▶ **What is required**:
When counting, include every line of the data that holds "บการโทรท", then state the total alone.

▶ **Data in this exercise**:
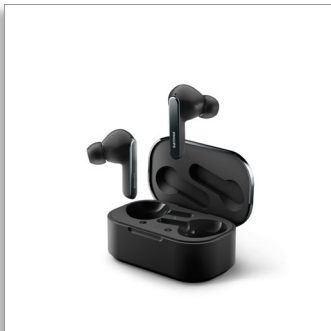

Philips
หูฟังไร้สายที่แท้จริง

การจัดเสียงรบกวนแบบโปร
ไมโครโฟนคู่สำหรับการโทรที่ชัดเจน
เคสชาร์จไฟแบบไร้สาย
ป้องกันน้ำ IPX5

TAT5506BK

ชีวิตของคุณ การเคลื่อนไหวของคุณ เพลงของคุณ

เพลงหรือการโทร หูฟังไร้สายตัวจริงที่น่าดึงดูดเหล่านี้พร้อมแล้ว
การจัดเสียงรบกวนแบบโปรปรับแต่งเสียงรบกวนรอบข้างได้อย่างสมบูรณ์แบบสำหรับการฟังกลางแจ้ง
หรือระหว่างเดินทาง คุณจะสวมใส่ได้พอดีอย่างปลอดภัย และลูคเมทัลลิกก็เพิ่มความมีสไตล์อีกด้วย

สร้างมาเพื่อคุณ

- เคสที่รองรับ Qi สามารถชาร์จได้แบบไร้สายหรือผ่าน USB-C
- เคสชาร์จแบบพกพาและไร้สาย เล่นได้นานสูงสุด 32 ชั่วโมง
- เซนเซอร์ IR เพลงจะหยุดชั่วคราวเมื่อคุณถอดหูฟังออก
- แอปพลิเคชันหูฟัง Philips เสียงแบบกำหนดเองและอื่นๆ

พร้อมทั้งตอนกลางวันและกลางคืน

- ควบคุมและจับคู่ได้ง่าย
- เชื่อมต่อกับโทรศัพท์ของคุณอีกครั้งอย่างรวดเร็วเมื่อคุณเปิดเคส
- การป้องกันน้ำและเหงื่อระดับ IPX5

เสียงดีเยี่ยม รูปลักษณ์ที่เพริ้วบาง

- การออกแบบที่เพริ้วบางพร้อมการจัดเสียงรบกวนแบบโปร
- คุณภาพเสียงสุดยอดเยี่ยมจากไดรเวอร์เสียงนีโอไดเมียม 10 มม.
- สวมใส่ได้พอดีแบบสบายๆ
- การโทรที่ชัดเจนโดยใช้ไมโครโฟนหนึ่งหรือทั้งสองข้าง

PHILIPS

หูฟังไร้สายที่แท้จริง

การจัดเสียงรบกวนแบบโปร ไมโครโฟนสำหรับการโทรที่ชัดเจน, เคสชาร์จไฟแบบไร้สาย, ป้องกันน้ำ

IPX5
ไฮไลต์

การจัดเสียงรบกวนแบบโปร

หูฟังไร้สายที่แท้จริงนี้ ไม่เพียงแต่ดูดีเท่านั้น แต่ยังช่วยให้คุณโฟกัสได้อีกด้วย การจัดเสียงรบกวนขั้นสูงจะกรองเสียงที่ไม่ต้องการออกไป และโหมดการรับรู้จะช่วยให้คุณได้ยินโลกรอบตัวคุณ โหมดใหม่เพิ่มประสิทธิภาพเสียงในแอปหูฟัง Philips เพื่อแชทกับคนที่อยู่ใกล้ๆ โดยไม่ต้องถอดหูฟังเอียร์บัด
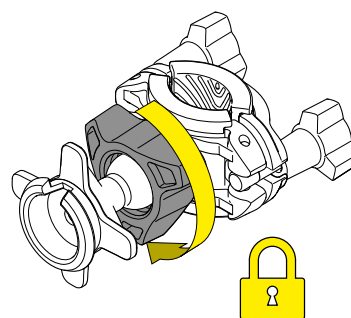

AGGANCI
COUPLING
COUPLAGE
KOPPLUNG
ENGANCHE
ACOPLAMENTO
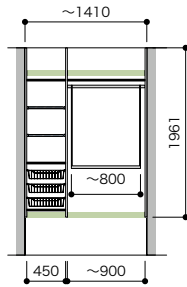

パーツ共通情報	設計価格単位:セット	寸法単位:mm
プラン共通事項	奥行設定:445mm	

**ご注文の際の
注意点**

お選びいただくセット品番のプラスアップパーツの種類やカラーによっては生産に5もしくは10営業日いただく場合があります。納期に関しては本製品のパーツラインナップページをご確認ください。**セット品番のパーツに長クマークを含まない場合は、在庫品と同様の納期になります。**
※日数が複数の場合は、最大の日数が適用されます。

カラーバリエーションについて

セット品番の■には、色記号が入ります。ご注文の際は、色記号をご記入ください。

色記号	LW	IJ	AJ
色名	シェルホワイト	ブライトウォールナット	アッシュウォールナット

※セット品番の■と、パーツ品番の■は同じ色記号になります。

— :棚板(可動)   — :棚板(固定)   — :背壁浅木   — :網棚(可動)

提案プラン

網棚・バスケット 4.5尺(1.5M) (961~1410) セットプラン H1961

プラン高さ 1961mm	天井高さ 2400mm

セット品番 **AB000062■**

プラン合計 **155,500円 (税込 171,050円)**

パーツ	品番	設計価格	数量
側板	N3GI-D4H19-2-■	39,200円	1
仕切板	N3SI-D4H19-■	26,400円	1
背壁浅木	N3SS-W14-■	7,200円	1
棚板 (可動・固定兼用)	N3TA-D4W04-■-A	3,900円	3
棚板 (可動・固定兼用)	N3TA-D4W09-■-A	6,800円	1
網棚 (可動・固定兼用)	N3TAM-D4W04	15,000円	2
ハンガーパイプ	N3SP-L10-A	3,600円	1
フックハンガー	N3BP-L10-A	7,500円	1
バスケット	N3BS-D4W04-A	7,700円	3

▶ **Written response**:
2